The present study aimed to investigate the demographic and psychological characteristics of Italian cancer patients who use CTs and the perceived benefit of users.
Eight hundred three patients from six Italian oncology departments were interviewed about CT use and completed two questionnaires to explore psychological distress and the resilience trait called sense of coherence (SOC). Patients included in the study had different primary tumor sites and were in different phases of the disease and care process.

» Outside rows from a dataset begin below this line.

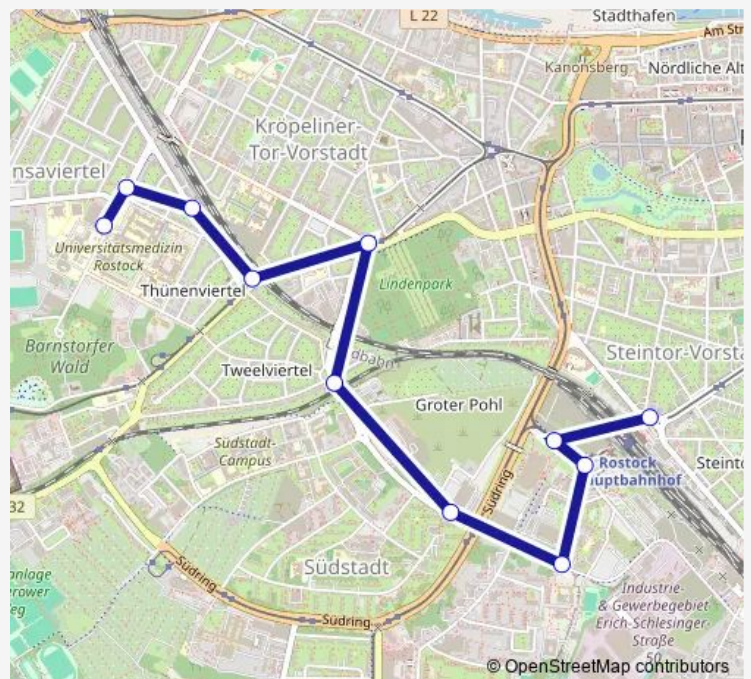

Direction

Rostock Klinikum-Schillingalle — Rostock, Hauptbahnhof Süd

9 stops

[Open route schedule](#)

Rostock Klinikum-Schillingalle

Rostock, Schillingallee

Rostock Dethardingstraße

Rostock S Parkstraße

Rostock, Saarplatz

Rostock Bei der Tweel

Rostock, Erich-Schlesinger-Str.

Rostock, Mendelejewstraße

Rostock, Hauptbahnhof Süd

Route schedule

Rostock Klinikum-Schillingalle — Rostock, Hauptbahnhof Süd

Monday 04:38-20:08

Tuesday 04:38-20:08

Wednesday 04:38-20:08

Thursday 04:38-20:08

Friday 04:38-20:08

Saturday 09:12-19:42

Sunday —

Route info

Direction: Rostock Klinikum-Schillingalle

Stops: 9

Trip Duration: 0 hour 15 min

Direction

Rostock, Hauptbahnhof Nord — Rostock, Mendelejewstraße

2 stops

[Open route schedule](#)

Rostock, Hauptbahnhof Nord

Rostock, Mendelejewstraße

At the time of measurement, 37.9% of patients were using one or more types of CTs. The most commonly used CTs were diets and dietary supplements (27.5%), herbs (10.8%), homeopathy (6.4%), and mind-body therapies (5.5%). The Italian context is characterized by a high percentage of patients who informed their physicians about CT use (66.3%) and who experienced benefits (89.6%); 75.2% of the patients had used CTs in the past. Multivariate analysis revealed that young, female patients, who previously used complementary and alternative medicine in the past, appear more likely to use at least one type of CT in the present. Predictors of the use of CTs varied according to the type of CT. Among psychological factors, SOC was positively associated with both past and present CT use.
Overall prevalence of CTs among Italian cancer patients is high and is in accordance with the European average. In addition to clinical and sociodemographic factors, the resilience trait SOC also was associated with CT use.